__Task item__
Copy everything in the records, character for character, except images.

===

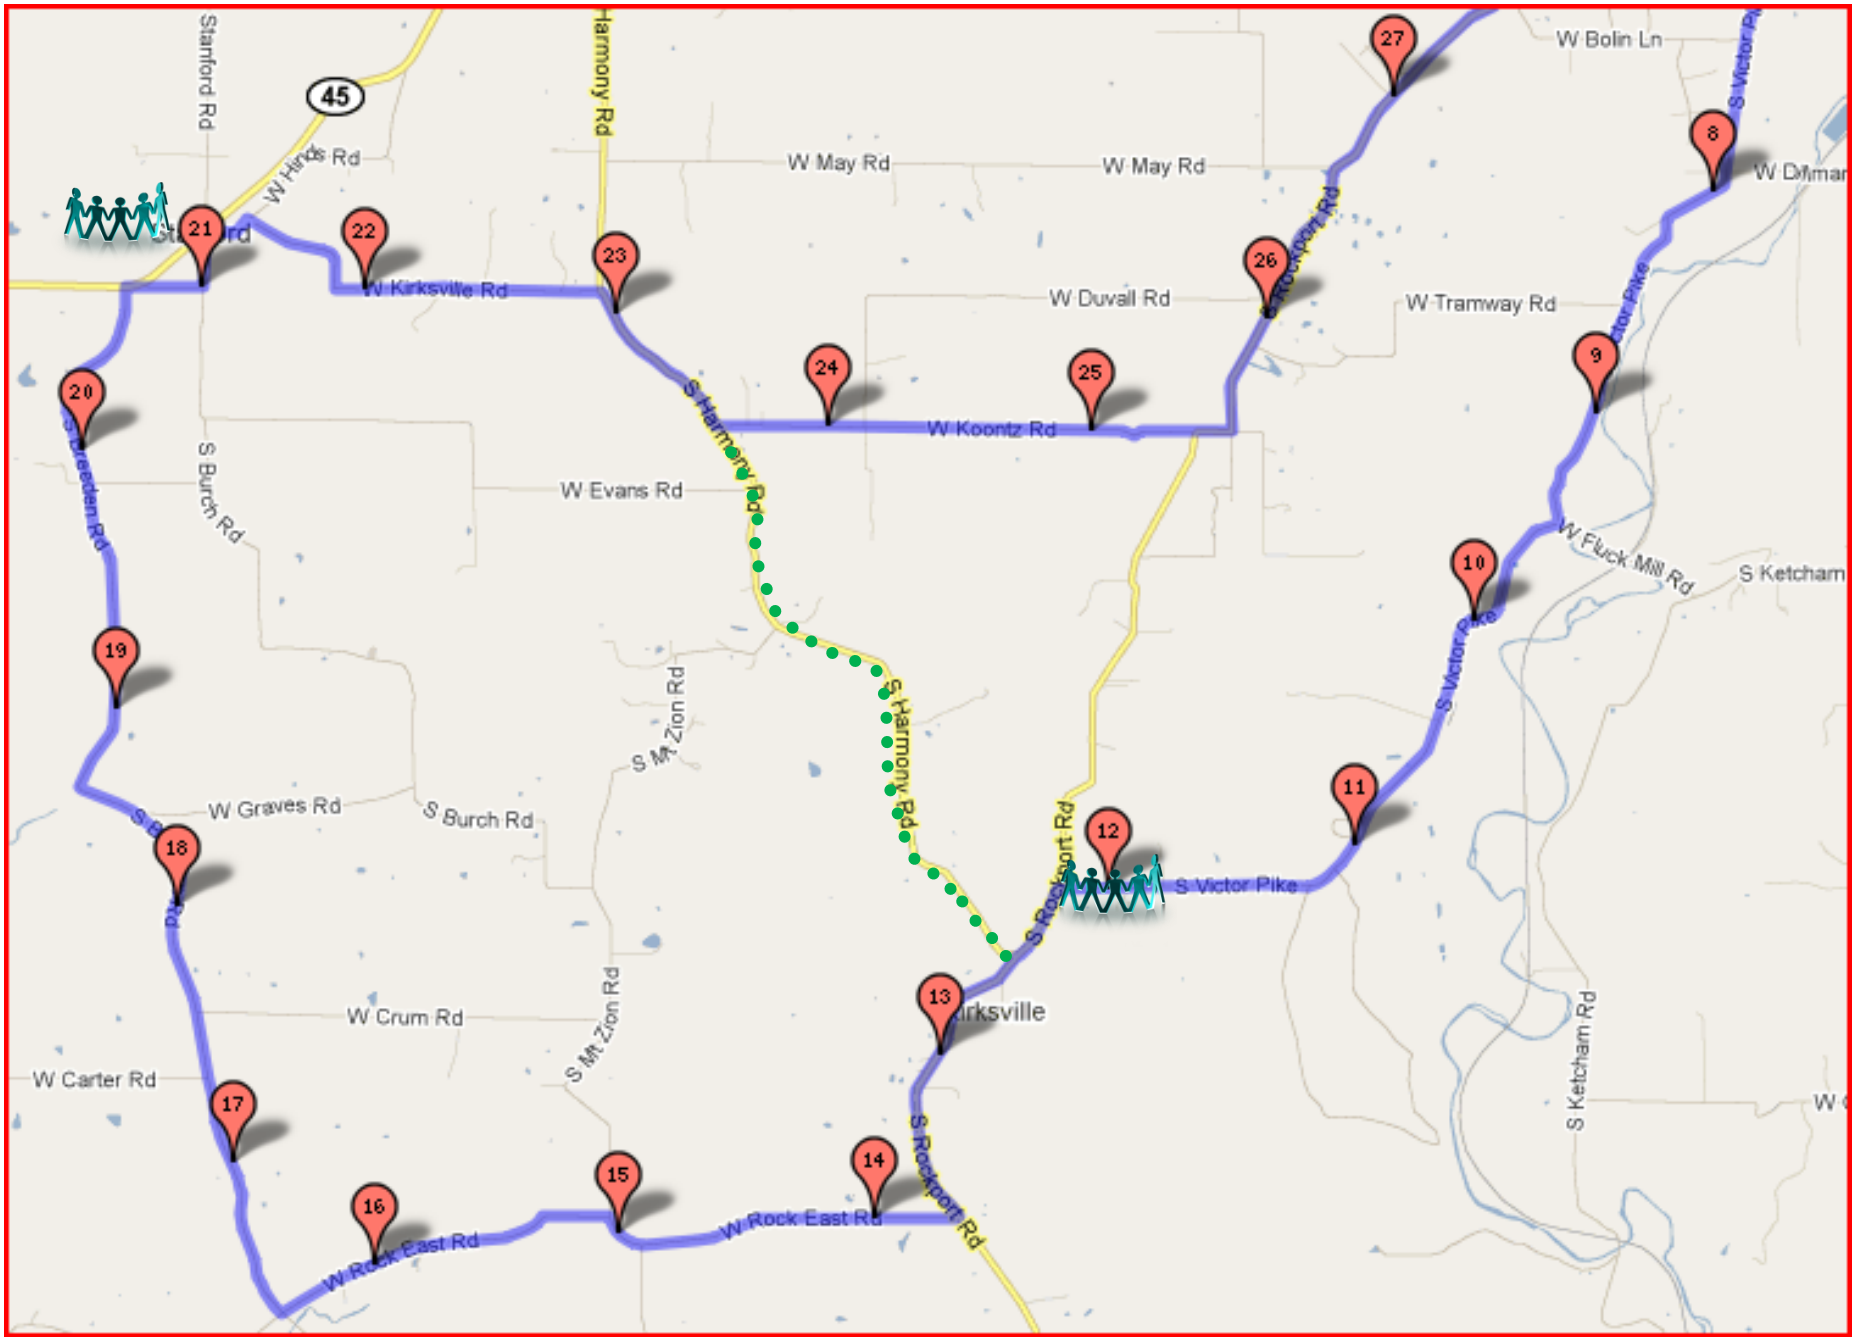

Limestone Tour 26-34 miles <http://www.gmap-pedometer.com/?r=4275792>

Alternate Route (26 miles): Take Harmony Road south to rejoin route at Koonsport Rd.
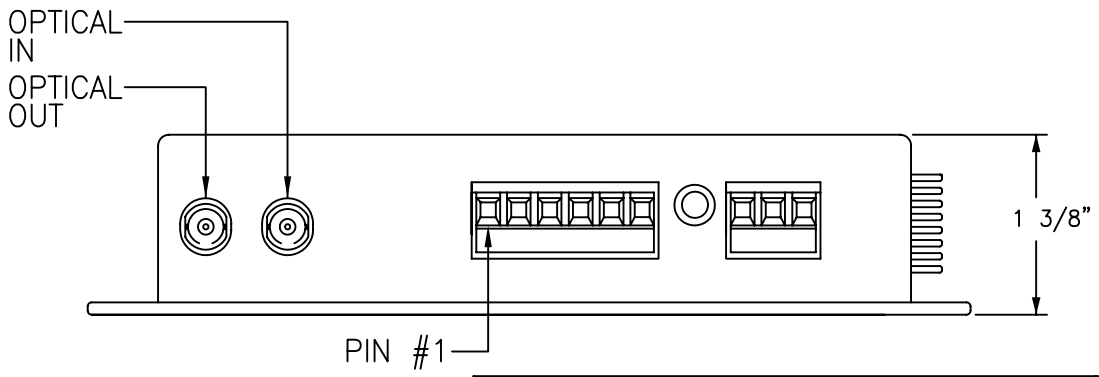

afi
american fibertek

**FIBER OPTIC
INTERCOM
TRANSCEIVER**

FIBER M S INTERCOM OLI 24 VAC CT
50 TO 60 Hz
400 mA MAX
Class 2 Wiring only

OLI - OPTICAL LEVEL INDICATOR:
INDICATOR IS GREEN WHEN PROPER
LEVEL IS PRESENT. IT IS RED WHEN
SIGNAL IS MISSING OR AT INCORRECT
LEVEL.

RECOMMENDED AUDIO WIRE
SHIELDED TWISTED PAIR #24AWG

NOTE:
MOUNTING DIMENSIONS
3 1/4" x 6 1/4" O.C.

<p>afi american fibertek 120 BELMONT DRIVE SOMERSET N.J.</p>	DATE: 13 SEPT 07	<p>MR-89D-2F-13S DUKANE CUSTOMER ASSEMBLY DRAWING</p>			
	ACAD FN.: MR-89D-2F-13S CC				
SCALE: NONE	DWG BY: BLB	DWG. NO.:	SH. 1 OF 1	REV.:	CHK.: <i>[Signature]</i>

===

__Solution for this problem__
Limestone Tour 26-34 miles <http://www.gmap-pedometer.com/?r=4275792>

Alternate Route (26 miles): Take Harmony Road south to rejoin route at Koonsport Rd.

afi
american fibertek

**FIBER OPTIC
INTERCOM
TRANSCEIVER**

FIBER M S INTERCOM OLI 24 VAC CT
50 TO 60 Hz
400 mA MAX
Class 2 Wiring only

OLI - OPTICAL LEVEL INDICATOR:
INDICATOR IS GREEN WHEN PROPER
LEVEL IS PRESENT. IT IS RED WHEN
SIGNAL IS MISSING OR AT INCORRECT
LEVEL.

RECOMMENDED AUDIO WIRE
SHIELDED TWISTED PAIR #24AWG

NOTE:
MOUNTING DIMENSIONS
3 1/4" x 6 1/4" O.C.

<p>afi american fibertek 120 BELMONT DRIVE SOMERSET N.J.</p>	DATE: 13 SEPT 07	<p>MR-89D-2F-13S DUKANE CUSTOMER ASSEMBLY DRAWING</p>			
	ACAD FN.: MR-89D-2F-13S CC				
SCALE: NONE	DWG BY: BLB	DWG. NO.:	SH. 1 OF 1	REV.:	CHK.: <i>[Signature]</i>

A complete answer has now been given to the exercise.